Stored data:
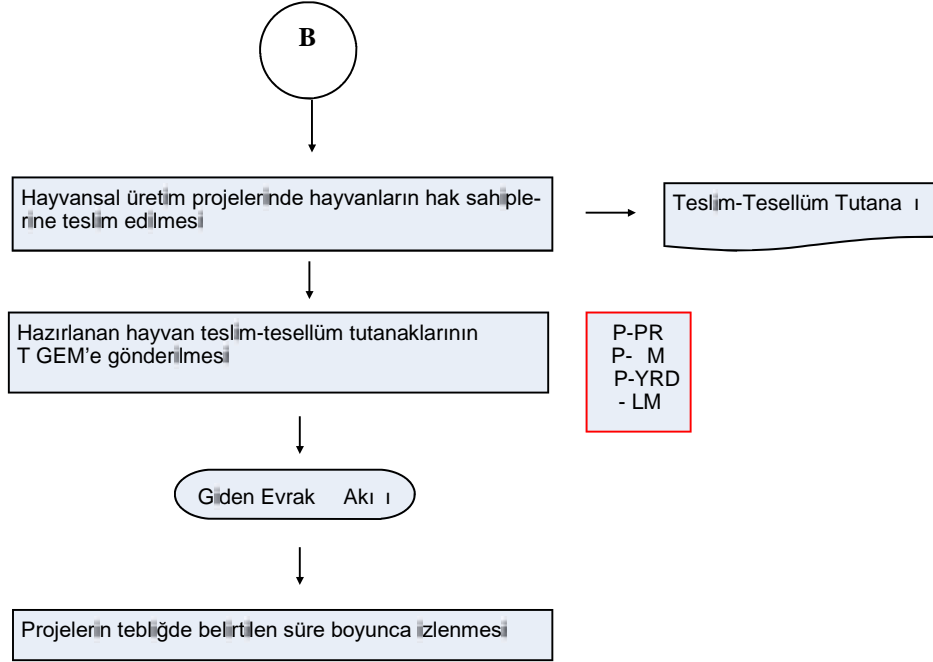

AKI EMASI

GTHB.50. LM. KS/KYS.AK

B R M:	KIRSAL KALKINMA VE ÖRGÜTLENME ÜBE MÜDÜRLÜ Ü	REV ZYON NO: 001
EMA NO:	GTHB.50. LM. KS/KYS.AK .09.06	REV ZYON TAR H : 06.02.2018
EMA ADI:	GENÇ Ç FTÇ H BE DESTE LEMLER AKI EMASI	

HAZIRLAYAN

ONAYLAYAN

KS/KYS SORUMLUSU

L MÜDÜRÜ YARDIMCISI
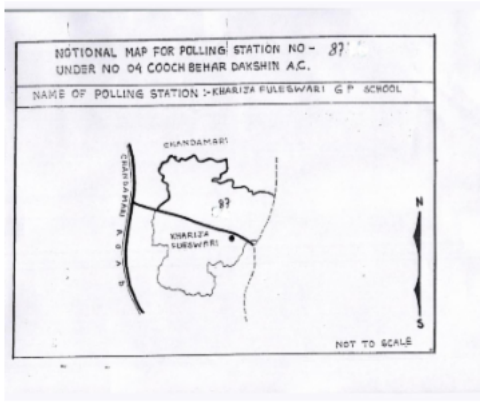

Nazri Naksha

WHAT YOU SHOULD DO: Omit all images when repeating the data above exactly.

COMPLETED TASK:
AKI EMASI

GTHB.50. LM. KS/KYS.AK

B R M:	KIRSAL KALKINMA VE ÖRGÜTLENME ÜBE MÜDÜRLÜ Ü	REV ZYON NO: 001
EMA NO:	GTHB.50. LM. KS/KYS.AK .09.06	REV ZYON TAR H : 06.02.2018
EMA ADI:	GENÇ Ç FTÇ H BE DESTE LEMLER AKI EMASI	

HAZIRLAYAN

ONAYLAYAN

KS/KYS SORUMLUSU

L MÜDÜRÜ YARDIMCISI

Nazri Naksha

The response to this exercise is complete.